Material provided START

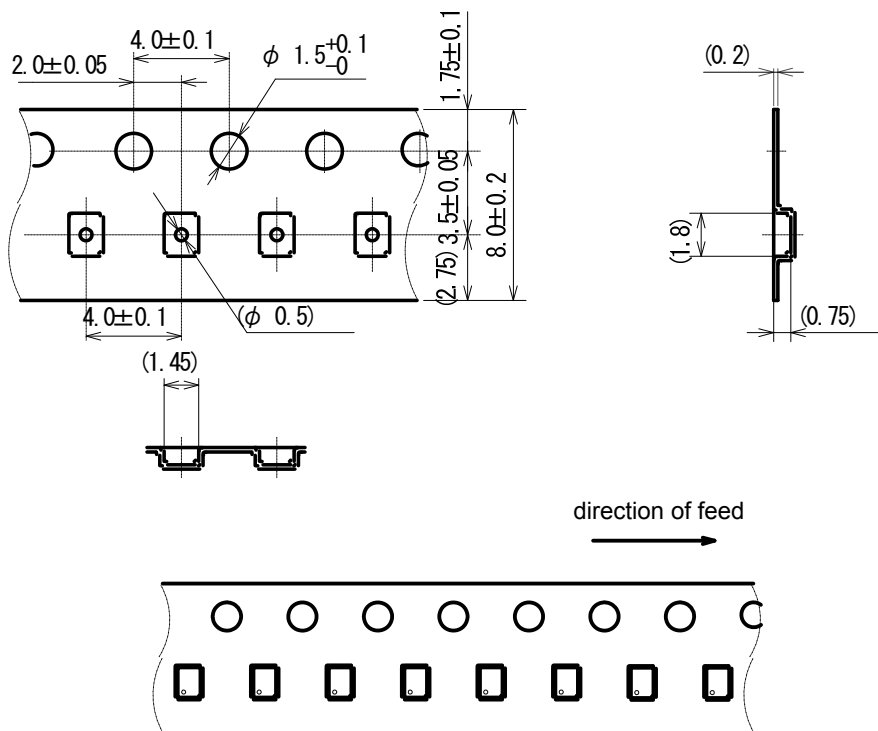

テーピング仕様 / Taping Specifications

USP-4D

Unit: mm

●リール/Reel

3,000pcs/reel

●テーピング仕様/Taping Specifications

R Type : [Device orientation : Right]

Standard feed
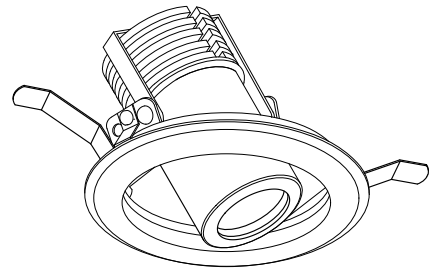

※改良の為、予告無く一部仕様変更する場合があります。ご了承下さい。

※専用直流電源ユニット(別売)MD-3100

※標準色白色塗装:N-93 7分ツヤケシ/日塗工

※標準色黒色塗装:N-10 7分ツヤケシ/日塗工

安全に関するご注意

- ・一般屋内用器具です。屋外や水気・湿気のある場所では使用しないで下さい。絶縁不良による感電の原因となります。
- ・口出し線を切断したり専用接続ケーブル以外のケーブルで延長したりしないで下さい。火災・感電及び照度の低下の原因となります。
- ・断熱・遮音施工のされた天井には使用しないで下さい。器具の異常や過熱による火災の原因となります。

[使用上のご注意]

- ・別途専用の直流電源ユニットが必要となります。
- ・器具に過剰な力が加わる恐れのある場所では使用しないで下さい。
- ・LEDには多少のバラツキがありますので、同一品番の製品であっても、製品ごとに発光色や明るさが異なる場合があります。ご了承下さい。
- ・調光器との併用の場合は別途ご相談下さい。

13	反射鏡	AL	標準色黒色塗装 N-10 5分ツヤケシ/日塗工	6	ナベビス	SUS304		定格電圧	AC3.0V
12	ゴムパッキン		黒色ゴム	5	枠取付アーム	SUS304	標準色黒色塗装	入力電流	DC0.6A
11	ゴムスペーサー		黒色ゴム	4	器具取付アーム	SUS304	生地・脱脂処理	消費電力	DC1.8W
10	レンズ	照射角 12°		3	化粧枠	AL	標準色白色塗装	全光束	180lm
9	LED基板		M-22-1	2	レンズホルダー	AL	標準色白色塗装	色温度	2700K
8	ノズル		クロームメッキ	1	ヒートシンク	AL	黒色アルマイト	演色性	Ra80
7	取付バネ	SUS304	生地・脱脂処理	部番	部品名	材質	備考	光源寿命	40,000時間
			器具重量 96.0 g	作図	光源	適合ラフ	LED1.8W×1灯 同梱	品番 DX223W12D	
			20200924	承認	藤原	品名	ダウンライト

Material provided END

(Exercise brief) Lines above with "Taping" in them are the ones to copy.

(Exercise solution)
テーピング仕様 / Taping Specifications
●テーピング仕様/Taping Specifications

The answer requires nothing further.